Beng pandai membuat komik karena pengetahuannya tentang perkembangan komik cukup memadai. Setelah hijrah dari Bandung ke Yogyakarta, Beng mulai membuat komik, waktu itu tahun 1999. Ia lantas membentuk kelompok dengan bendera tehjahe. Dari sini ia mengalami metamorfosis dan mengubah beberapa pandangannya tentang komik yang sempat ia bawa dari Bandung. Awalnya ia mempunyai pikiran bahwa komik adalah cerita bergambar yang bagus, mudah dibawa dan dimengerti.
"Tapi setelah masuk Yogyakarta aku shock banget liat komik yang begitu bebas ekspresinya. Di Yogya, komik nggak lagi perlu penokohan, dramaturgi. Semuanya seolah-olah fine art yang memediakan komik atau tepatnya mengatasnamakan komik. Tiga tahun beradaptasi dengan lingkungan seni disini, aku mulai menerima dan bisa masuk didalamnya.

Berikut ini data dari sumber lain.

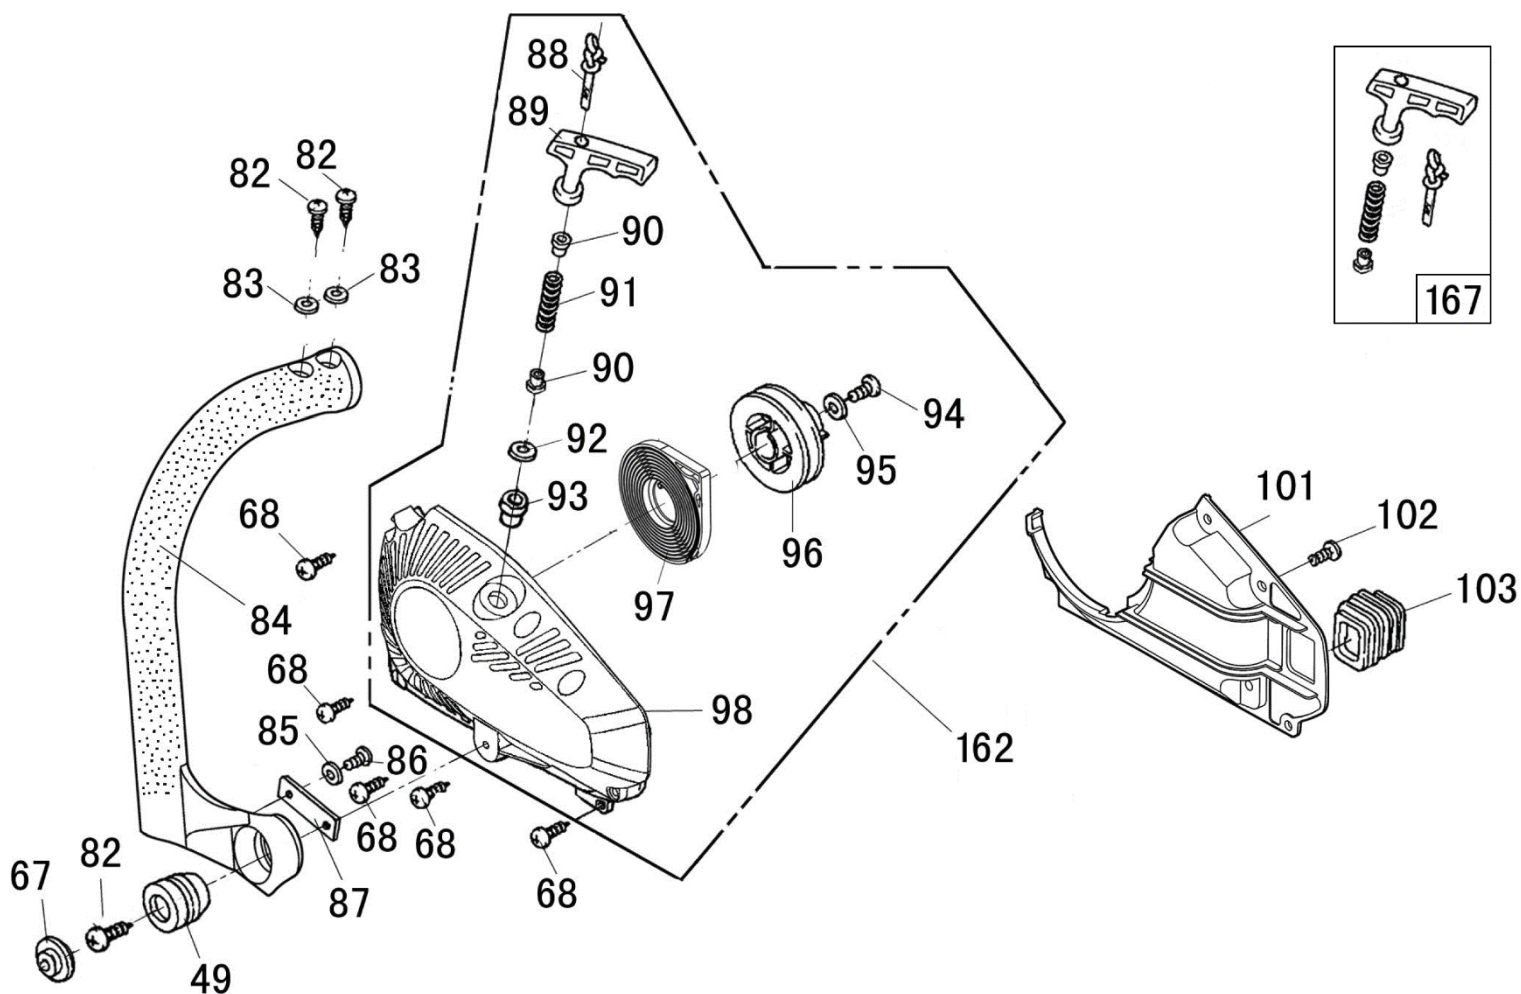

№	Артикул	Наименование	Σ	№	Артикул	Наименование	Σ
49	YD2500-27111	Амортизатор	1	92	YD2500-25318	Шайба	1
67	YD2500-27112	Заглушка амортизатора	1	93	YD2500-25302	Втулка	1
68	GC305-91328	Винт самонарезающий ST4.2x16	5	94	YD2500-91332	Винт самонарезающий ST4.8x16	1
82	YD2500-91333	Винт самонарезающий ST4.8x16	2	95	YD6200-93013	Шайба 5x15x1.5	1
83	YD4100-93023	Шайба пластиковая	2	96	YD2500-25211	Барабан стартера	1
84	YD25002-24500	Рукоятка боковая	1	97	YD2500-25212	Пружина стартера возвратная	1
85	YD2500-93001	Шайба D4мм	1	98	YD25002A-25110	Крышка стартера пустая	1
86	YD2500-91311	Винт самонарезающий ST3.5x10	1	101	YD25002-15120	Дефлектор воздуховода	1
87	YD2500-27216	Соединитель рукоятки	1	102	YD2500-91321	Винт самонарезающий ST4.2x8.5	1
88	C6001	Канат запускной 3мм (обрезать до 800мм)	1	103	YD2500-20901A	Воздуховод	1
89	YD4500-25311	Ручка стартера	1	162	YD25002A-25000	Стартер в сборе	1
90	YD2500-25312	Втулка	2	167	1800001	Ручка стартера в сборе	1
91	YD2500-25313	Пружина	1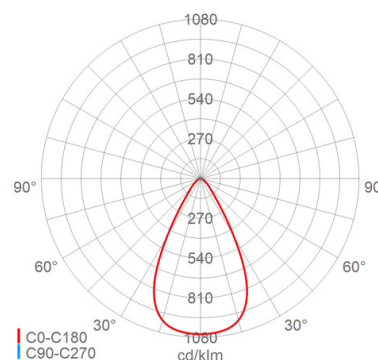

Allgemeine Produktvorteile

- Reduzierung der Typenvielfalt durch variabel einstellbaren Lichtstrom
- einfache, schnelle, werkzeuglose Einstellung des Lichtstroms vor Ort mittels integriertem Schalter, nachträglich jederzeit änderbar
- hohe Flexibilität durch nahezu stufenlose Einstellung des Lichtstroms
- höchst wirtschaftliche Lagerhaltung
- ausgezeichnetes Thermomanagement durch direkte Anbindung der LED-Module an das Alu-Druckgussgehäuse, große Kühlfläche, hervorragende Wärmeableitung
- gleichmäßige Ausleuchtung durch die Multi-Layer Technologie, d.h. jede einzelne LED beleuchtet die gesamte Fläche, die LVK der einzelnen LED überlagern sich
- bequeme Wartung durch abklappbares Gehäuseunterteil, großzügiger Zugang zum Anschlussraum und den elektrischen Komponenten, EVG vor Ort austauschbar
- keine Lichtemission in den oberen Halbraum, ULOR=0
- umweltfreundlich, alle auf 10% dimmbaren Ausführungen mit Farbtemperatur bis max. 3.000K erfüllen die Dark Sky Anforderungen
- nachhaltig, Komponenten austauschbar
- zukunftssicher durch Verwendung Zhaga konformer LED-Module
- GreenLine-Leuchte, herausragend nachhaltig designt

Einsatzbereiche

Industriegelände, Lagerplätze, Baustellen, Tagebau Großgeräte, Gebäude- und Fassadenanstrahlung etc.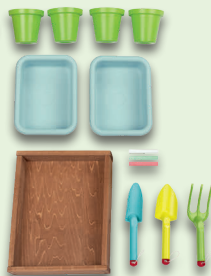

CRIVIT
Trampolin
Maße: Ø 300 cm. Je Stück

Ohne
Lieferzuschlag

nur online

249.-

Smoby

Smoby
**Kinder
Kärcher
Hochdruck-
reiniger**
Typ „K4“.
Je Stück

nur online

-36%

uVP 54.99

34.99

Playtive
**Matschküche
mit Dach**

Maße: ca. B 77 x
H 135 x T 50 cm.
Je Stück

nur online

49.99

STEP

nur online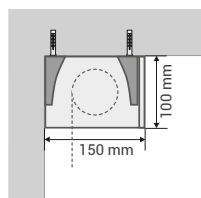

VISTA DI LATO

Attacco a parete
DI SERIE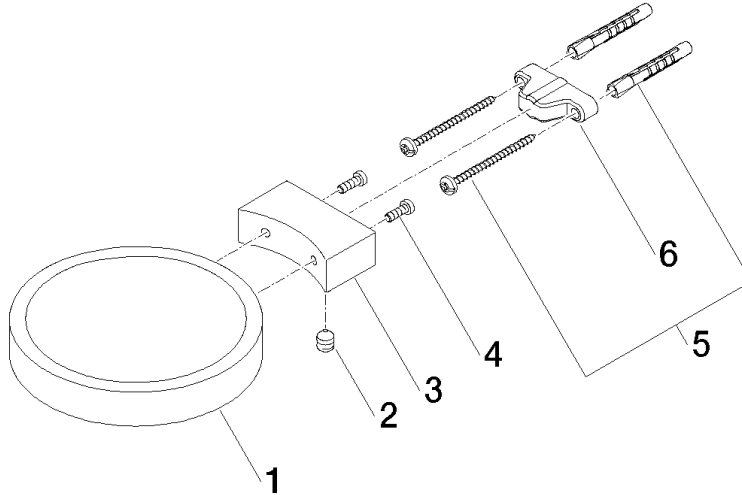

**Coupelle murale - Chrome**

MADISON

83 410 979

- largeur 120 mm
- hauteur 20 mm
- saillie 145 mm

S'adapte aux gammes suivantes : MADISON, MEM, TARA, CL.1, LISSÉ, VAIA, META, CYO

|   |                             |               |
|---|-----------------------------|---------------|
|    | Chrome                      | 83 410 979-00 |
|    | Platine brossé              | 83 410 979-06 |
|    | Platine                     | 83 410 979-08 |
|    | Laiton (Or 23cts)           | 83 410 979-09 |
|    | Dark Chrome                 | 83 410 979-19 |
|    | Or clair                    | 83 410 979-26 |
|    | Or clair brossé             | 83 410 979-27 |
|    | Laiton brossé (Or 23cts)    | 83 410 979-28 |
|    | Noir mat                    | 83 410 979-33 |
|   | Bronze brossé               | 83 410 979-42 |
|  | Champagne brossé (Or 22cts) | 83 410 979-46 |
|  | Champagne (Or 22cts)        | 83 410 979-47 |
|  | Chrome brossé               | 83 410 979-93 |
|  | Dark Platinum brossé        | 83 410 979-99 |

83 410 979

mm [inches]

83 410 979

Les pièces pour les  
autres finitions  
peuvent être  
trouvées ici : Platine  
brossé

### Liste des pièces de rechange

| N° | Article Numéro     | Désignation       | Fréquence de montage | Délai de livraison |
|----|--------------------|-------------------|----------------------|--------------------|
| 1  | 08 17 97 570-00    | coupelle          | 1                    | 10                 |
| 2  | 09 31 11 002 90    | tige              | 1                    | 2                  |
| 3  | 08 17 30 502-00    | patte de fixation | 1                    | 10                 |
| 4  | 09 30 30 080 90    | vis               | 2                    | 2                  |
| 5  | 05 30 31 025 00 90 | set de fixation   | 1                    | 2                  |
| 6  | 09 17 20 030 90    | patte de fixation | 1                    | 2                  |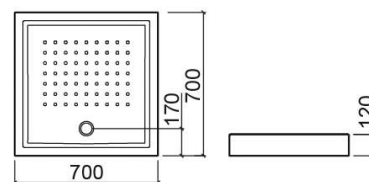

Receveur de douche Mosaico de 12cm de hauteur - Blanc

Réf. 8004300000

Código EAN. 5604815421286

Description

Receveur de douche Mosaico 75x75x12cm
Profondeur (zone de la bonde) ? 92mm

Caractéristiques

- Fond texturé
- Bonde de siphon Ø60mm non incluse

Informations Techniques

Longueur: 700 mm
Largeur: 700 mm
Hauteur: 120 mm
Poids: 11 kg

Collection: [Mosaico](#)

Type de produit: Receveurs de douche

Style: Traditionnel

Matériel: Acrylique

Type d'installation: Poser

Variations

Blanc
750x750x120 mm
Réf. 8004500000
Código EAN. 5604815421309
Poids: 11.4 kg

Downloads

Manuels de nettoyage

Manuel de Nettoyage (PDF) ,

Fichiers 2D e 3D

80043000 CAD 2D (ZIP) , 80045000 CAD 2D (ZIP) , 80043000 CAD 3D (ZIP) , 80045000 CAD 3D (ZIP) ,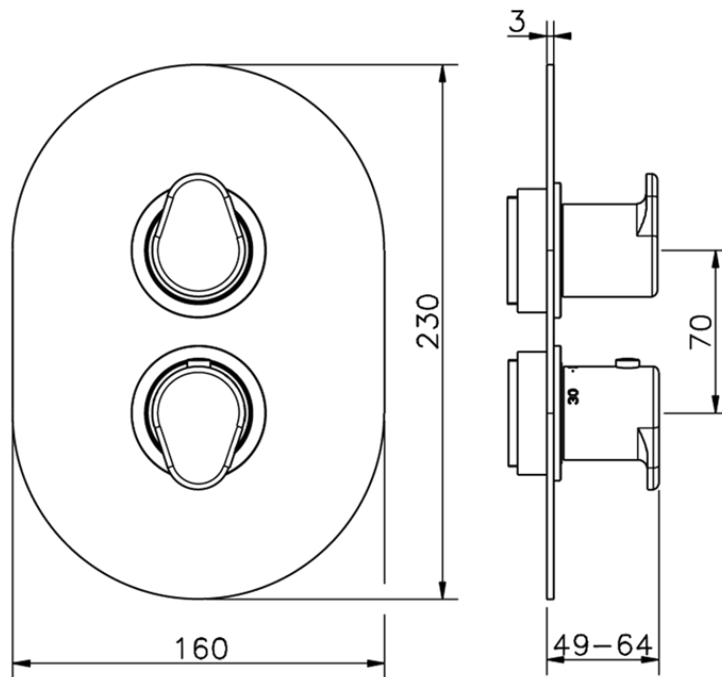

## Parte externa termostático ducha emp. 2 salidas LEVITY\_LY018100

LY018100

<https://es.huberitalia.com/parte-externa-termostatico-ducha-emp-2-salidas-levity-ly018100>

## Piastra/Plate/Plaque/Platte/Placa

2-3mm: XX 25-40 YY 76-91

10 mm: XX 16-31 YY 65-80

ZB018101

<https://es.huberitalia.com/parte-empotrada-termostatico-ducha-2-salidas-empotrado-zb018101>

2024-12-22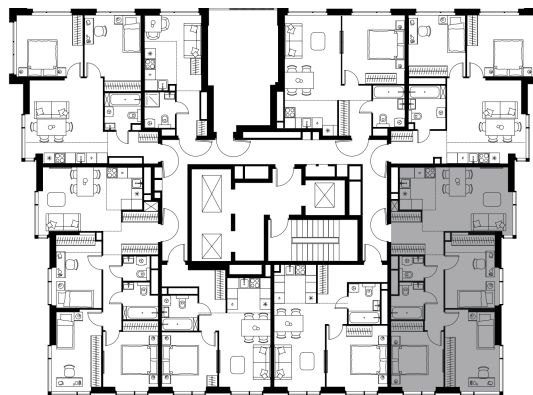

Условный номер: 13-242

4 комн. квартира, 74.6 м²

Проект	Левел Мичуринский, этапы 3 и 4
Расположение	м. Мичуринский пр-кт
Срок сдачи	III кв. 2027 г.
Этаж и корпус	27 из 31, корпус 13
Цена за м ²	592 767 руб.
Тип отделки	Без отделки
Высота потолков	2.87 м
Окна выходят	На реку, окружающую застройку

44 220 422 руб. С учётом - 40%

~~73 700 704 руб.~~

План этажа

Квартиру можно купить онлайн!

Рассказываем, как купить онлайн на нашем сайте – просто отсканируйте кьюар-код

Смотреть на сайте

Отсканируйте кьюар-код и посмотрите эту квартиру на [Level.ru](https://level.ru)

Karena ketakjubanku sama komik gaya begini, aku bikin skripsi yang sebagian besar isinya ngebahas karya mereka sebagai fenomena," jelas Beng panjang lebar.
SKRIPSINYA yang berjudul "Komik Independen Indonesia (Sebuah Kajian Fenomenologi)" akhirnya berhasil membawanya lulus setelah 6 tahun kuliah di ISI. Pada awalnya, judul itu sempat disangsikan oleh dosen pembimbing. Tapi ternyata gerakan komik independen di Indonesia sudah cukup luas sehingga bisa membantu melengkapi data-datanya setelah mengumpulkan komik dari kota-kota lain. Bahkan, akhirnya ia bisa menggelar pameran komik bersama dengan teman-temannya sebelum pendadaran (ujian skripsi). Kecintaannya pada Indonesia, khususnya Yogyakarta, ia ungkapkan dengan kata-kata yang sangat sederhana namun sarat makna, "Yogya eksotik, tempatku bermetamorfosis."
Ayah Beng, Mohammad Irwan Syafe`i, tentu saja tidak akan mengira jika Beng akan beroleh kerja dengan cara yang berbeda, karena cita-cita Beng semula ingin menjadi polisi hutan. Kini, Bambang Rahardian, seorang lulusan Disain Komunikasi Visual ISI angkatan 1995 dan lulus 2001, mulai menjual mimpinya di negara tetangga Malaysia karena ilmunya diperlukan disana. Production House Jutakira Sdn Bhn membutuhkan Beng untuk bekerja di divisi animasi, departemen manual yang kemudian menempatkannya pada posisinya sebagai animator. Production house ini membuat program siaran untuk TV2 Malaysia.
Di Malaysia, ia nyambi kerja untuk mengisi sebuah kolom di majalah komik "Aku dan Sesuatu. Nama kolomnya "Secawan tehjahe" setelah sebelumnya bernama "Komik Indie Indonesia". Di kolom ini Beng bisa berbangga hati karena masih bisa berkarya full tanpa edit, murni ekspresinya dan menggunakan namanya sendiri, Beng Rahardian. Beng ditemani Bagas kini berkarya di kolom "Komik Indie Indonesia". Mereka turut ambil bagian walau sedikit untuk pencerahan scene komik di Malaysia.